Из штопора он вышел низко, едва не зацепив винтом землю при просадке и подняв с земли тучу пыли. Скорее всего, эта пыль его и спасла. Враг видимо принял ее за дым упавшего самолета и не стал добивать подраненного противника, уйдя куда-то в сторону. Это было весьма кстати, подбитый Як норовил свалиться на дырявое крыло, и у него появилась очень неприятная поперечная раскачка. Рация молчала, поврежденная, в простреленный фонарь кабины задувал ветер. Однако самолет летел, послушно набирал высоту и Виктор, мысленно перекрестившись, повернул в сторону аэродрома. Воздушный бой вверху уже окончился, там осталась четверка наших истребителей. Было очень интересно, почему их осталось только четверо и куда делся пятый, но это интерес был скорее праздный. Все равно узнать это сейчас было невозможно.
Юнкерсы он обнаружил можно сказать случайно. Набирая над переправой по спирали высоту, Виктор увидел, как из-под крыла вынырнули три серые тени с белыми крестами на крыльях — бомбардировщики Ю-87. Они шли не высоко, на высоте около километра и видимо, остались невидимы для остальных наших летчиков. Возможно, это была часть разогнанной ими группы, возможно, новая. Но, тем не менее, три бомбардировщика летели прямо к переправе, и помешать им особо было некому. Разве что огонь нескольких уцелевших после бомбежек зениток, но смогут ли они сорвать атаку звена вражеских пикировщиков — еще неизвестно.
Он с надеждой огляделся но, но охотников подраться с тройкой бомбардировщиков не находилось. Однополчане снова ввязались в карусель боя с четверкой мессеров, а других самолетов в небе видно не было. Лишь далеко на северо-западе мелькали какие-то далекие точки — пылинки, но очень уж далеко, да и скорее всего это были уходящие немецкие самолеты.

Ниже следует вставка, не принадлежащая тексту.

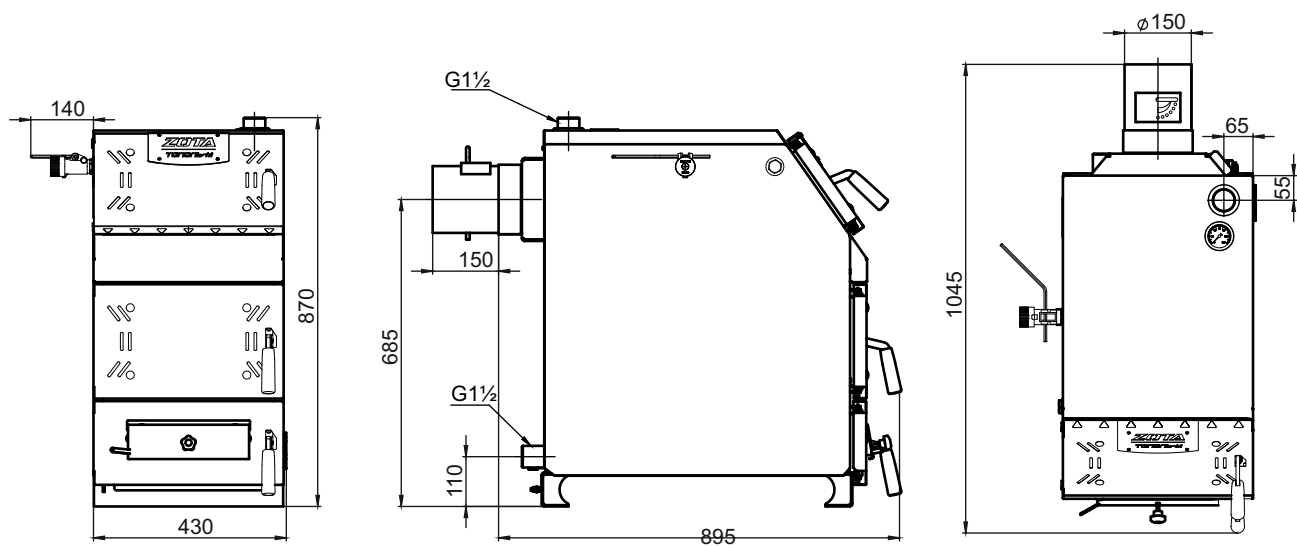

Монтажные размеры котлов «Тополь М»

«Тополь М» 14

«Тополь М» 20

«Тополь М» 30

Монтажные размеры котлов «Тополь М»

«Тополь М» 42

«Тополь М» 60

«Тополь М» 80

Они были очень удобно для атаки — почти под ним и метров на пятьсот ниже и Виктор решился. Плавно опустив нос, он принялся пикировать на вражеские самолеты, ловя в прицел ведущего. Стрелки на бомбардировщиках не дремали, и стволы пулеметов засверкали злыми длинными вспышками огней и в сторону Виктора потянулись разноцветные пунктиры пулеметных пуль. Он не оставался в долгу, несмотря на тряску и частые попадания, его трассы тоже несколько раз утыкались в головной бомбардировщик, вырывая куски обшивки при пушечных попаданиях.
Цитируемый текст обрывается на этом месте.